PROBLEM DESCRIPTION:
Using the records below, find every line that includes "Glastür" and copy it.

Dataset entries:

'''

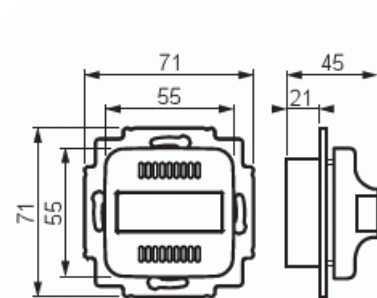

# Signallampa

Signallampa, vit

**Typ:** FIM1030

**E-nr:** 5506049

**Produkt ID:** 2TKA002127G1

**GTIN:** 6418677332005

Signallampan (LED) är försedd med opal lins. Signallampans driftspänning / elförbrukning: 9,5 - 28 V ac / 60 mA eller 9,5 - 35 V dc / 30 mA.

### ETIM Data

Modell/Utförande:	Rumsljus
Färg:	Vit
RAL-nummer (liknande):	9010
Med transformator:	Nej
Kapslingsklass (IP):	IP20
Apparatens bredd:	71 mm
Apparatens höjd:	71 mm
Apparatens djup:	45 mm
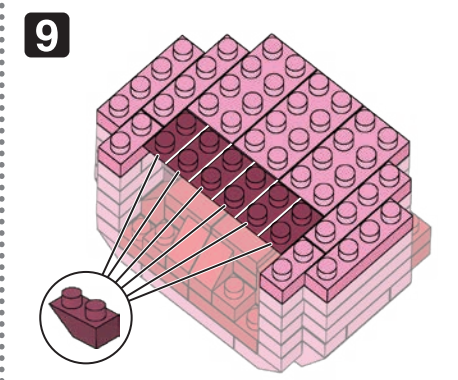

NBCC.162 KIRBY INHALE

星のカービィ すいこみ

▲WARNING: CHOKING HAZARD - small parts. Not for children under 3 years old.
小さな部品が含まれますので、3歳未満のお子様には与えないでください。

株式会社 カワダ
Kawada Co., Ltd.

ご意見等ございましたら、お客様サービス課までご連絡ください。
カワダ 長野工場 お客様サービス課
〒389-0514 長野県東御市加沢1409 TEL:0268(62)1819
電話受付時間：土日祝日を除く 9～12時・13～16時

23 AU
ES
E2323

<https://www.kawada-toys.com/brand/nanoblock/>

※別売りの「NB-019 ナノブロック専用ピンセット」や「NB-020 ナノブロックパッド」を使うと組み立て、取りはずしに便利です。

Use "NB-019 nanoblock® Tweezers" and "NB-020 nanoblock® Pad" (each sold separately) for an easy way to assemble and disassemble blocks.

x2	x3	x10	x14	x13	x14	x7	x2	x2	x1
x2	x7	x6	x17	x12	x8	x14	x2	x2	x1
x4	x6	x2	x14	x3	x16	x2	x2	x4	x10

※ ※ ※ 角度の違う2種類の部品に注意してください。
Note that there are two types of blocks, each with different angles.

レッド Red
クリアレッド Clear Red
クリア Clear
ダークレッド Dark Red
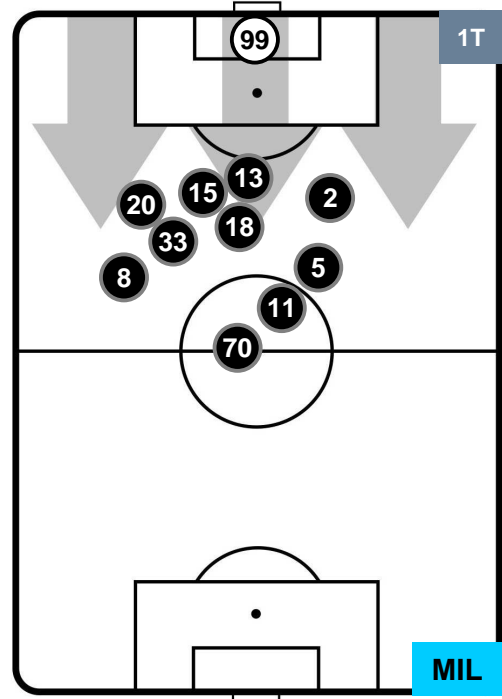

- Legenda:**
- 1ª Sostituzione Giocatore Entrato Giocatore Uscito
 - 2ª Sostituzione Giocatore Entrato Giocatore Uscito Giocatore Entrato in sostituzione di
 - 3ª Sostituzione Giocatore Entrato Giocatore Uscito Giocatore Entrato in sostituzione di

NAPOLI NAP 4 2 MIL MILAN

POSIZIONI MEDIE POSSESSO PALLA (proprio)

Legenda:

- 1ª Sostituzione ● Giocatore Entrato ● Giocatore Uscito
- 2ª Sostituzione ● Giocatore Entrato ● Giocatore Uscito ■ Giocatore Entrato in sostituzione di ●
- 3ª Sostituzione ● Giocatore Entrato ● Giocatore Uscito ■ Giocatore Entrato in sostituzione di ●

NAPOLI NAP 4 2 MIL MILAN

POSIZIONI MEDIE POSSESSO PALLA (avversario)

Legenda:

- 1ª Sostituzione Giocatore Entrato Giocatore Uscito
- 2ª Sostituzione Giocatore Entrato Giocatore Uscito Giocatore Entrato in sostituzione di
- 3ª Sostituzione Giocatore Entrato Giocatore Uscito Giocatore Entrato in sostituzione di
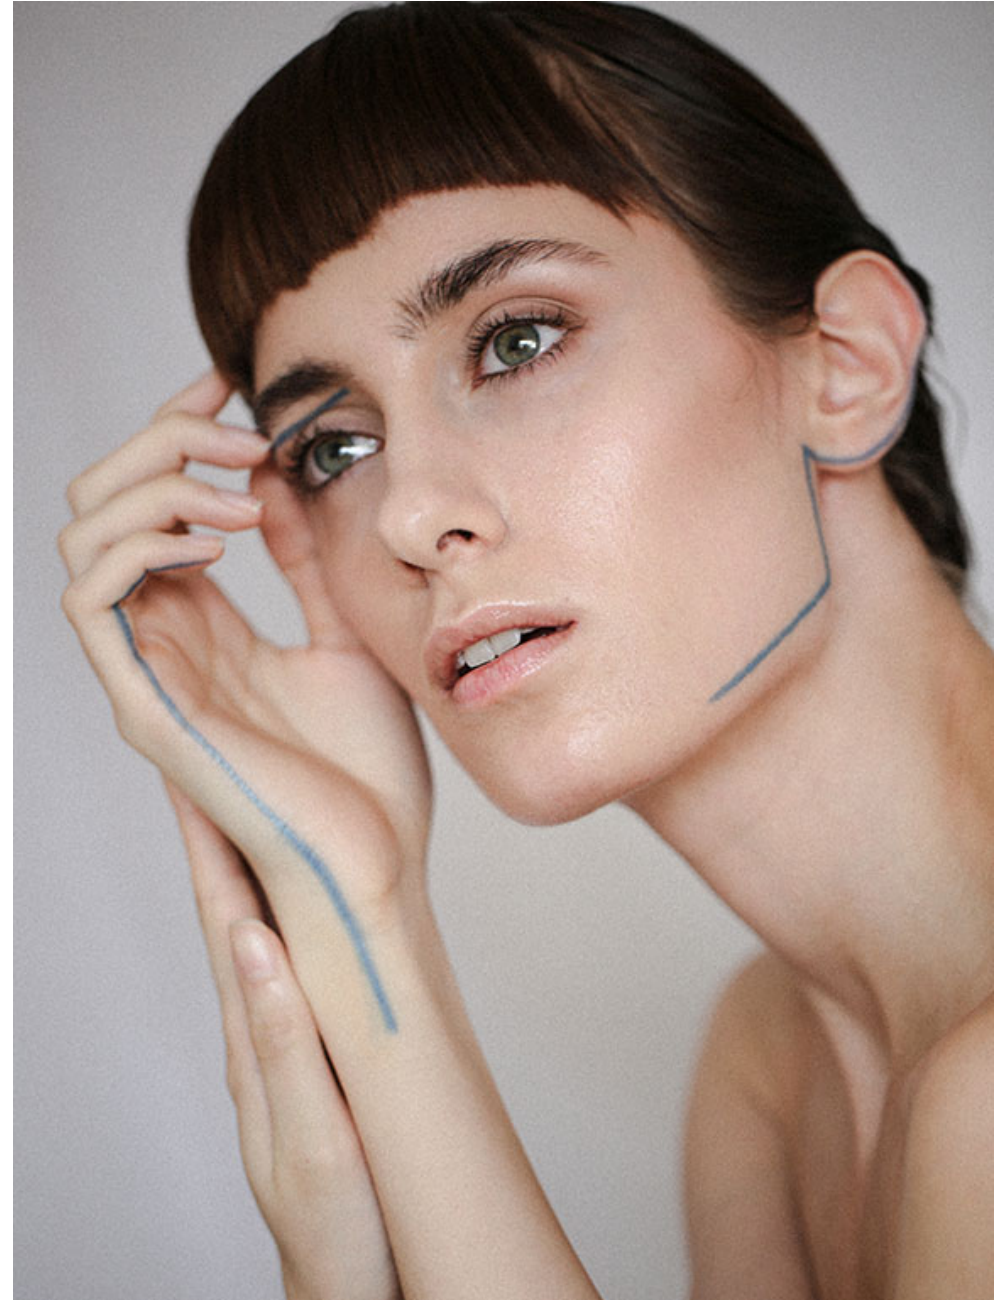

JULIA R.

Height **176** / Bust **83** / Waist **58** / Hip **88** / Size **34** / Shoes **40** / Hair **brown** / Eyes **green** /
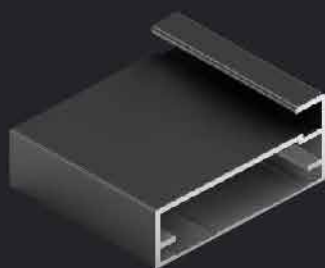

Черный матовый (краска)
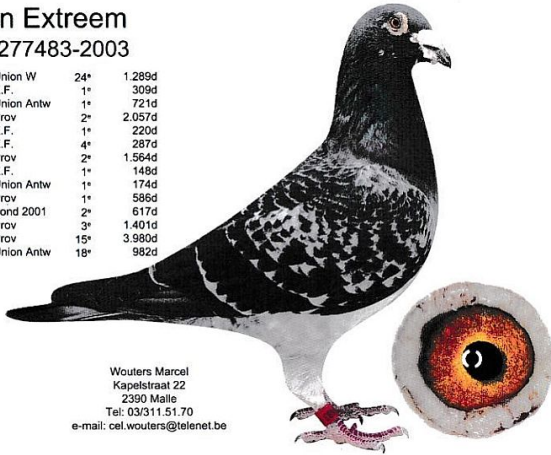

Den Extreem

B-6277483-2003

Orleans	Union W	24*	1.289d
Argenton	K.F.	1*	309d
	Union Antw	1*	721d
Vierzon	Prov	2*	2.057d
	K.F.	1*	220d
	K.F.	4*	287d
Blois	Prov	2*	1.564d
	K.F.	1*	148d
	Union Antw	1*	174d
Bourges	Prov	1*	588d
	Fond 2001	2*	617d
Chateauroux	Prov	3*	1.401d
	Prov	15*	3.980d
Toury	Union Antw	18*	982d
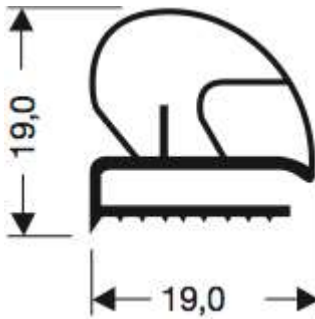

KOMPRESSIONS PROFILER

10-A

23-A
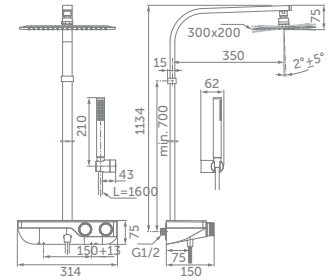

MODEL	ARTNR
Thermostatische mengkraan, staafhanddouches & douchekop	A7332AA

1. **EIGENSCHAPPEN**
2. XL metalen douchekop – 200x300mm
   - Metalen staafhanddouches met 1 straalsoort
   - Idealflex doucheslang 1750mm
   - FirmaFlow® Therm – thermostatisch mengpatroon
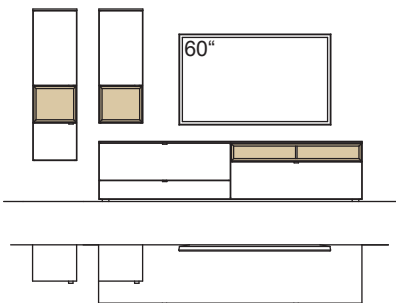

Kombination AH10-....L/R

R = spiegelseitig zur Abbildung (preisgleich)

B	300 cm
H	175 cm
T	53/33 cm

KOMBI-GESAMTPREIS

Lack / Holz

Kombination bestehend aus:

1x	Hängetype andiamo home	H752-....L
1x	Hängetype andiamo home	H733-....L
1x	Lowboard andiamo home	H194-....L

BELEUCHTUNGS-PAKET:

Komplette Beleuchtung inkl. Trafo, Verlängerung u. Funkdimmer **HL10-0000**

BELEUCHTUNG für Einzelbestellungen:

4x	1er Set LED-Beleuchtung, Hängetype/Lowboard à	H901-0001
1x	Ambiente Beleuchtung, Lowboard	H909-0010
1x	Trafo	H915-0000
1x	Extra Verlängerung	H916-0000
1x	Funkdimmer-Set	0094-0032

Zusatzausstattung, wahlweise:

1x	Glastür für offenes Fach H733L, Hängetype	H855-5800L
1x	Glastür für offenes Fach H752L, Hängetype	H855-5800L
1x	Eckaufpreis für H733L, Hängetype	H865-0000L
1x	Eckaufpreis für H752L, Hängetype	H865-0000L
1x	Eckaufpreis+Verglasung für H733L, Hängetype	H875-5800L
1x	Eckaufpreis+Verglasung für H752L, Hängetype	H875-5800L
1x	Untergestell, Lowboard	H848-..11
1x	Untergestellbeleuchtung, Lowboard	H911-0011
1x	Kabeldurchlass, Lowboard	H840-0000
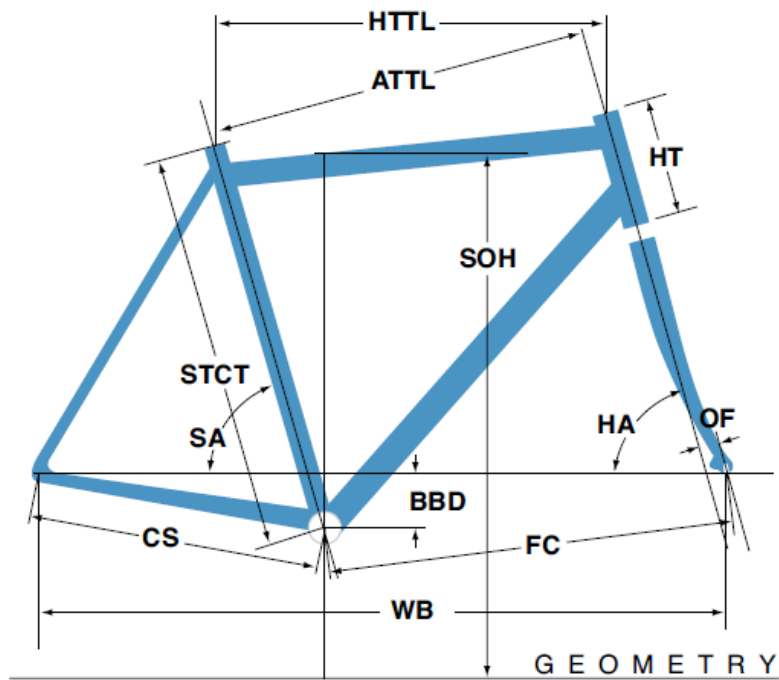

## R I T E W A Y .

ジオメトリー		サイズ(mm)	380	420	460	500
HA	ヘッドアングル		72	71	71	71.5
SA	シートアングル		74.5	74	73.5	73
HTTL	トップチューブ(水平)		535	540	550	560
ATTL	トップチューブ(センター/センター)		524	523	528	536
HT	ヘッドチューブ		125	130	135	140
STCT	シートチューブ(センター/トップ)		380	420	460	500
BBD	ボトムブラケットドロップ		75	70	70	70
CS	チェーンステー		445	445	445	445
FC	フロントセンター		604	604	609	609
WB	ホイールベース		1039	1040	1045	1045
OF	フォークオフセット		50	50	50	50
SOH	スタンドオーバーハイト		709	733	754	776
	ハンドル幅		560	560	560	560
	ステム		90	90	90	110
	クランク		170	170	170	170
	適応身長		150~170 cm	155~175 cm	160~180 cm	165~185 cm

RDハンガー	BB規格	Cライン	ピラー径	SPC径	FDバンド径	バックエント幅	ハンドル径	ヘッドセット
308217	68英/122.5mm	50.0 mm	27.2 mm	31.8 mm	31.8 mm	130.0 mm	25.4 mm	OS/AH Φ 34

'''

RESPONSE FOR THIS EXERCISE:
1x	Glastür für offenes Fach H733L, Hängetype	H855-5800L
1x	Glastür für offenes Fach H752L, Hängetype	H855-5800L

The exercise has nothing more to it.